Poi ti coglie all’improvviso, con i muscoli che si intorpidiscono, la mente che si dilata e si svuota. E poi c’è quello che io chiamo “il limbo”: dura qualche minuto, quando sei sul filo sottile che separa il sonno e la veglia, potresti decidere di aprire gli occhi, oppure lasciarti trasportare dalla corrente buia e rilassante che sfocia in un mondo subacqueo, dove i movimenti sono rallentati, la luce inesistente e i rumori lontani e ovattati come quando nevica. Come quelle sfere di vetro natalizie che si vedono nei film, riempite di fluido e palline bianche, che quando le scuoti creano favolose nevicate sulla città in miniatura. Io mi sento proprio lì dentro, in una dolce apnea, in attesa di essere intrattenuta da un nuovo sogno.
Una volta sognai di morire; non ricordo cosa capitò, solo che qualcuno me lo annunciò e io avevo la consapevolezza che di lì a poco sarei morta.
Ero estremamente tranquilla, spesso i sogni ti fanno i dispetti, ti fanno correre piano quando c’è da scappare, ti fanno mancare la voce quando è necessario urlare.
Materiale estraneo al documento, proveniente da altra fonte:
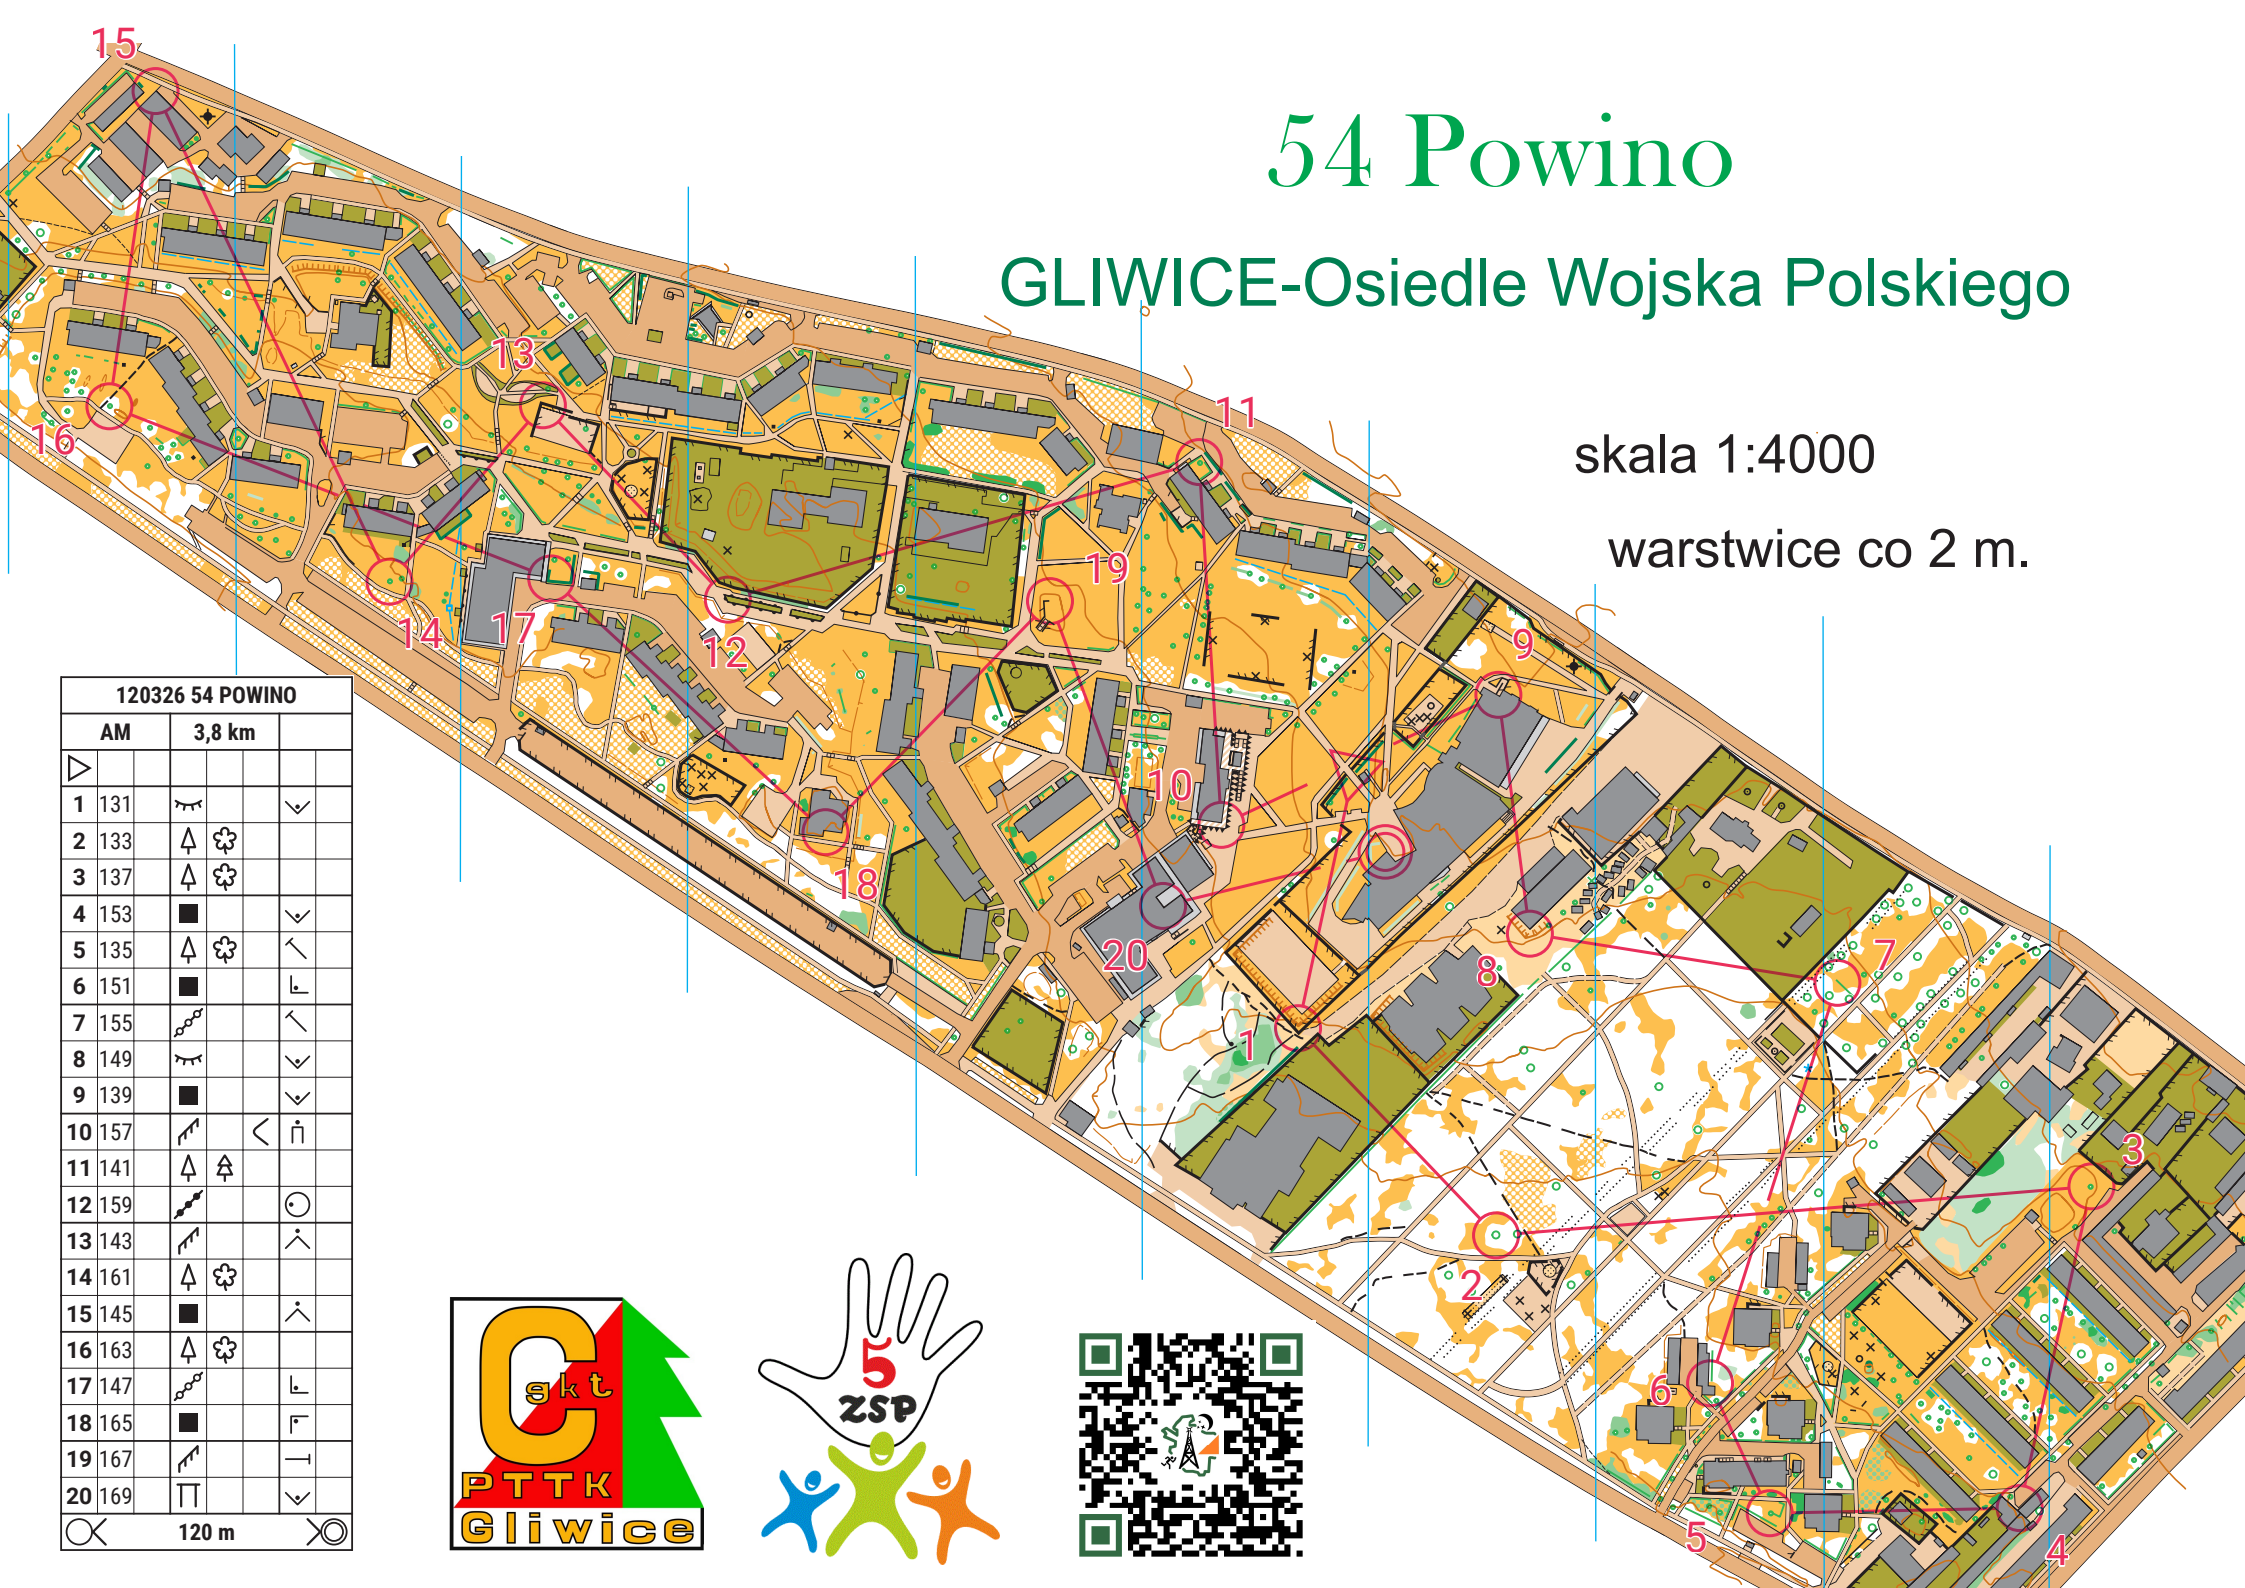

54 Powino

GLIWICE-Osiedle Wojska Polskiego

skala 1:4000

warstwice co 2 m.

120326 54 POWINO				
AM		3,8 km		
1	131	☂		∨
2	133	▲	☼	
3	137	▲	☼	
4	153	■		∨
5	135	▲	☼	∧
6	151	■		└
7	155	☂		∧
8	149	☂		∨
9	139	■		∨
10	157	↗	<	∩
11	141	▲	▲	
12	159	↗		○
13	143	↗		∧
14	161	▲	☼	
15	145	■		∧
16	163	▲	☼	
17	147	☂		└
18	165	■		└
19	167	↗		└
20	169	▯		∨

120 m

In quell’occasione invece fu la migliore morte che potessi sognare; ero felice e aspettavo, non ero preoccupata né del come né del quando.
La cosa bizzarra è che mi ricordai di questo sogno solo nel tardo pomeriggio, ero in auto con delle amiche e avevamo appena superato la carcassa di un riccio investito. Allora pensai alle ossa rotte, alla carne in decomposizione, all’assenza di vita e mi venne in mente il sogno, che da sveglia mi sembrò ancora più bello, perché ero riuscita ad eliminare tutta la realtà della morte; nel sonno si trattava di un semplice abbandono, senza nessun tipo di paura.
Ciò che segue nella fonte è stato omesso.